Using CTX_REPORT to generate XML output of Index Information
Using CTX_REPORT to generate XML output of Index Information
CTX_REPORT was introduced in Oracle 9i in order to help users and
Oracle Support find out information about an existing Oracle Text
index.
In Oracle 10g, CTX_REPORT has been enhanced with the option to
produce XML output for many of its procedures. This makes it much
easier to incorporate information gained from CTX_REPORT into
other applications - such as perhaps a custom system-monitoring
application.
This paper walks through the process of generating the report, and
processing the XML output using some of Oracle's XML capabilities.
The paper assumes a basic knowledge of Oracle Text and XML, but little
or no knowledge of Oracle's XML capabilities. It is hoped that the
paper will double as a primer on using some of Oracle's XML capabilities
to convert from XML to SQL.
The reader is strongly encouraged to try all of the examples as they are
presented. In general, the output of the examples is not shown
in this document, in the assumption that the readers will be trying the
examples for themselves. You will need an Oracle 10g database,
and a SQL*Plus session - no extra software or products are necessary.

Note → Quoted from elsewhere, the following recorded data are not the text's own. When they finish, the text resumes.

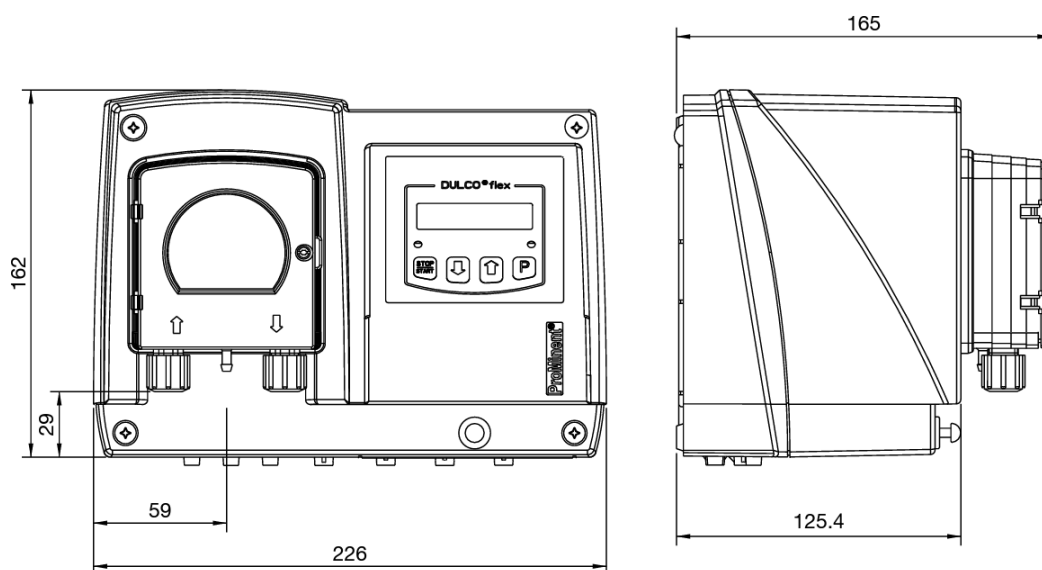

Slangdoserpump Dulcoflex DF4a

En slangdoserpump som tagits fram speciellt för dosering av flockningsmedel.

Slangpumpen Dulcoflex DF4a är speciellt framtagen för att med precision dosera flockningsmedel som koncentrat. Tidigare har tillgängliga doserpumpar haft för stor doserkapacitet för att vara lämpliga för dosering av de små mängder flockningsmedel som skall tillföras badvattnet. Detta har medfört att man varit tvungen att späda flockningsmedlet med vatten vilket lett till att den ganska fort tappat sin höga effekt. Detta löses nu genom att spädning inte längre krävs.

Teknisk data	
Ingångar för kontakter och analoga signal	
Nivåingång en-eller tvåstegs	
Elektrisk anslutning	100-230 V, 50/60 Hz
Kapslingsklass	IP65
Varvtal *	0-85 v/min
Effektförbrukning *	24 W
Tillkopplingstid *	100 %
Tillåten omgivningstemperatur *	10°C - 45°C

*Data uppmätta med vatten vid 20 °C

Pumpen går även att få i en variant med styrning via CAN-buss, lämpligt för anslutning direkt mot Dulcomarin 3.

Art nr	Benämning	Flöde	Tryck	Slang dim
30 10 22	Dulcoflex 04004	0,4 l/h	4 bar	6 x 4
30 10 26	Dulcoflex 04015	1,5 l/h	3 bar	6 x 4
30 10 30	Dulcoflex 03060	6,0 l/h	2 bar	6 x 4

Komplett flockningsstation

Dulcoflex slangdoserpump kan levereras som kompletta färdigmonterade doserstationer.

Då ingår följande detaljer:

- 60 liters doserkärl med pumpfäste
- Dulcoflex slangpump
- Bottenventil
- Sugslang
- Doserslang (5m)
- Doserventil

The examples are run on a Text index called "TI", owned
by the user "TUSER". You could create a suitable test index by
running the following SQL as a DBA user:
create user tuser identified by tuser default tablespace users
temporary tablespace temp;
grant connect,resource,ctxapp to tuser;
connect tuser/tuser
create table testtab(text varchar2(2000));
create index ti on testtab(text) indextype is ctxsys.context;
- the rest of the document assumes you are running in SQL*Plus
as user TUSER.
Getting the Total Index Size
To find out the size of the index, we can use the function
CTX_REPORT.INDEX_SIZE. This is a function returning a CLOB. Probably
the simplest way to read it is in SQL*Plus using SELECT ... FROM DUAL,
as follows:
SQL> select ctx_report.index_size('ti') from dual;
The chances are we'll only see a couple of lines here. That's because we need to
tell SQL*Plus to print more data, using
SQL> set long 50000
This time when we re-run the select, we get much more text, including a final line
which says:
TOTAL BYTES USED: 311,296 (304.00 KB)
This is our key value. But in order to make use of that value within a program,
we'd have to fetch the output from CTX_REPORT, parse it for that final value,
then convert that value into a proper number. A lot of work.
So let's ask for an XML report instead:
SQL> select ctx_report.index_size('ti', null, 'XML') from dual;
(note the second arg - partition name - is not needed but must be supplied since you cannot use named parameters in a function which is part of a SELECT).
This will give us a heap of XML output, including sizes for each
object.
Here's a section of the output:
<SIZE_OBJECT_NAME>
TUSER.SYS_IL0000051565C00006$$
</SIZE_OBJECT_NAME>
<SIZE_OBJECT_TYPE>
INDEX (LOB)
</SIZE_OBJECT_TYPE>
<SIZE_TABLE_NAME>
TUSER.DR$TI$I
</SIZE_TABLE_NAME>
<SIZE_TABLESPACE_NAME>
USERS
</SIZE_TABLESPACE_NAME>
<SIZE_BLOCKS_ALLOCATED>
8
</SIZE_BLOCKS_ALLOCATED>
<SIZE_BLOCKS_USED>
4
</SIZE_BLOCKS_USED>
<SIZE_BYTES_ALLOCATED>
65536
</SIZE_BYTES_ALLOCATED>
<SIZE_BYTES_USED>
32768
</SIZE_BYTES_USED>
</SIZE_OBJECT>
<SIZE_OBJECT>
Now for a moment let's just get the information about this on object - the $I table.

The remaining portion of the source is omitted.